Grammar is a must for beginners
XPath path expression
This path is basically the same as the computer hard disk path.
Distinguish between/and //, which indicate selection from the root node or from a node at any location.
For example, if the following XML document exists, the root phase is root, and other contents are shown as follows
<root>
<book bid="1">
<author>Eraser (Eraser)</author>
</book>
<book bid="2">
<author>Eraser (Eraser)</author>
</book>
</root>
Copy the code
For example, /root/book indicates that the book node is selected from the root node. If /book is used, no data can be matched.
With //book, all book elements can be matched.
All book nodes can also be matched using book directly.
XPath test method, you can create an HTML file, after the developer tools use Ctrl+F to change the search box, you can test, as shown in the figure below.
Of course, the browser automatically generates HTML, HEAD, and BODY nodes.
Once you have the root node concept, you can categorize. To represent the current node,.. Indicates the parent node of the current node. Of course, @ can also select an attribute, such as the following XPath to extract a node whose bid=1 from the book node:
/html/body/root/book[@bid=1]
Copy the code
Extract the syntax as follows:
[@attribute = 'attribute value'] # If the attribute value is a number, it is also possible to drop the double quotesCopy the code
If the @ attribute is directly used, the node with the attribute is extracted.
Other ways to select elements
Select unknown elements
In XPath, you can use * to select an unknown node, such as /book/*/name, to select the name node of all nodes under the book node.
Choose a predicate
A predicate that looks for a particular node, or a node that contains a specified value, is nested in [], for example:
Select the first element /root/book[1] and the last element /root/book[last()].

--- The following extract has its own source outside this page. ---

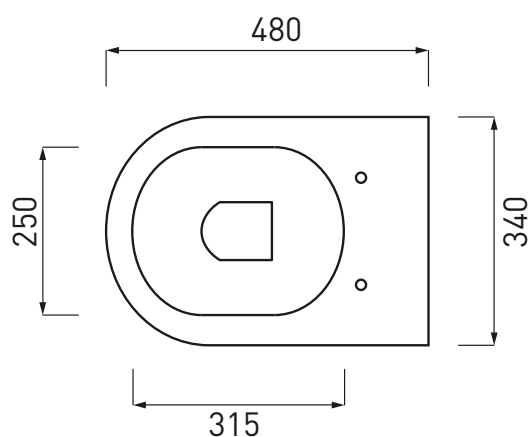

ATTENZIONE/ATTENTION:

ATTENZIONE/ATTENTION:

Extract the attribute value or text value in the tag
In crawler collection, it is often used to extract attribute values of tags or text values inside tags. The following cases can be referred to for extracting attribute values of tags: /book/@cid, and for extracting text of tags: //book/text().
That’s all you need to know about XPath as a beginner, but there are places that tell you to copy XPath directly from the developer tools, like this:
The XPath expression copied by the above method has a lot of redundancy. It is recommended to write it yourself.
The following is a directly copied expression.
/html/body/div[2]/div[5]
Copy the code
Collection time
This article is the 19th blog of “120 Cases of crawler”. Although there is no actual collection of a site, it has combed out what you should learn about regular expression and XPath in the early stage of learning crawler. I believe this article must be conducive to the next stage of learning ~
Reptiles, 120 cases of code download address: codechina.csdn.net/hihell/pyth… Can you give me a Star?
Here we are. No comment, no like, no hide?
Today is day 199/200 of continuous writing. You can follow me, like me, comment on me, favorites me.